I'd also recommend Ralph David Abernathy's And The Walls Came Tumbling Down.
A surprising amount of people under 35 who are otherwise well-educated in the civil rights movement have never even heard of him, but Abernathy's role as the defacto second-in-command behind MLK meant that he was present at almost every major event during it. Since he lived, his autobiography provides one of the few birds eye views of not just how the movement succeeded in the 50s and 60s but how it fell apart in the 1970s.
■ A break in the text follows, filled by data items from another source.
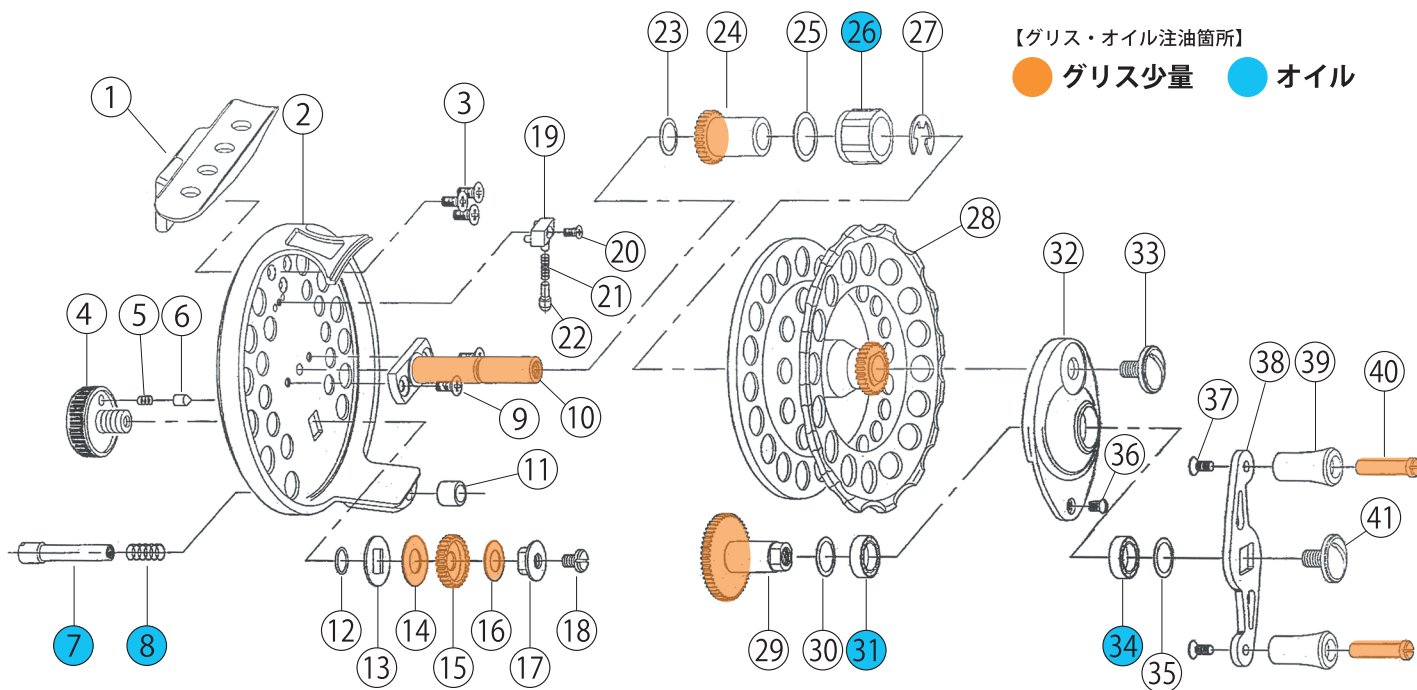

## BLACKY THE 落とし込み Z 75-S/75-R HISPEED

### 分解図・部品表

番号	部品コード	部品名	部品小売価格
1	0014001	スタンド S用	3,800円
	0014101	スタンド R用	3,800円
2	0014002	フレーム S用	12,000円
	0014102	フレーム R用	12,000円
3	0014003	スタンドスクリュー	100円
4	0014004	ドラグノブ	1,500円
5	0014005	クリックピンスプリング A	100円
6	0014006	クリックピン A	100円
7	0014007	スライドリベット	400円
8	0014008	スライドリベットスプリング	100円
9	0014009	シャフトスクリュー	100円
10	0014010	メインシャフト	2,200円
11	0014011	カラー	100円
12	0014012	ドラグOリング	100円
13	0014013	ワッシャー A	100円
14	0014014	テフロンワッシャー A	100円
15	0014015	ドラグギヤー	800円
16	0014016	テフロンワッシャー B	100円
17	0014017	ドラグナット	300円
18	0014018	ドラグスクリュー	200円
19	0014019	クリックピンスプリングリベット	300円
20	0014020	リベットスクリュー	100円

番号	部品コード	部品名	部品小売価格
21	0014021	クリックスプリング	100円
22	0014022	クリックピン B	100円
23	0014023	ワッシャー B	100円
24	0014024	ワンウェイギヤー部組	1,200円
25	0014025	ワッシャー C	100円
26	0014026	ワンウェイベアリング部組	1,800円
27	0014027	E型クリップ	100円
28	0014028	替えスプール部組/ケース付き (S用)	12,000円
	0014128	替えスプール部組/ケース付き (R用)	12,000円
29	0014029	マスターギヤー部組	1,500円
30	0014030	ワッシャー D	100円
31	0014031	ボールベアリング A	800円
32	0014032	ギヤーボックス (S用)	3,000円
	0014132	ギヤーボックス (R用)	3,000円
33	0014033	メインシャフトスクリュー部組	500円
34	0014034	ボールベアリング B	800円
35	0014035	ワッシャー E	100円
36	0014036	スライドリベットスクリュー	100円
37	0014037	ハンドルスクリュー	100円
38	0014038	ハンドルアーム	2,000円
39	0014039	ハンドルノブ	600円
40	0014042	ハンドルリベット	300円
41	0014041	ハンドルアームスクリュー	600円

One probable reason for his relative anonymity nowadays is that upon publication, he and the book were condemned by almost all surviving members of the movement for being the first close associate of MLK to confirm that he had multiple affairs; the one story that really got under people's skin was his allegations of what MLK supposedly was up to the night before his assassination, which led to bitter accusations against Abernathy where he was accused of selling out for the proverbial 30 pieces of silver and being mentally incapacitated due to a couple of strokes.
It's a shame, as the book was so much more than that; his despair while at the Poor People's March on Washington when he finally realized that poverty just wasn't going to be enough of a uniting factor to overcome racial differences and continue the movement is one of the more poignant moments you'll ever find in an autobiography.
And that rather than all of MLK's hijinks is why I recommend it.
Edit: Also, one media reference. If you have access to HBO, their 2018 documentary King in the Wilderness is terrific. It covers the last 18 months of his life, which is an area that most books on the movement don't spend much time on: King's break with LBJ, his growing frustration as he butted heads with racism in the North that was far more difficult to confront, and that at the time of his death the polls were showing his approval rating in the mid-20% range.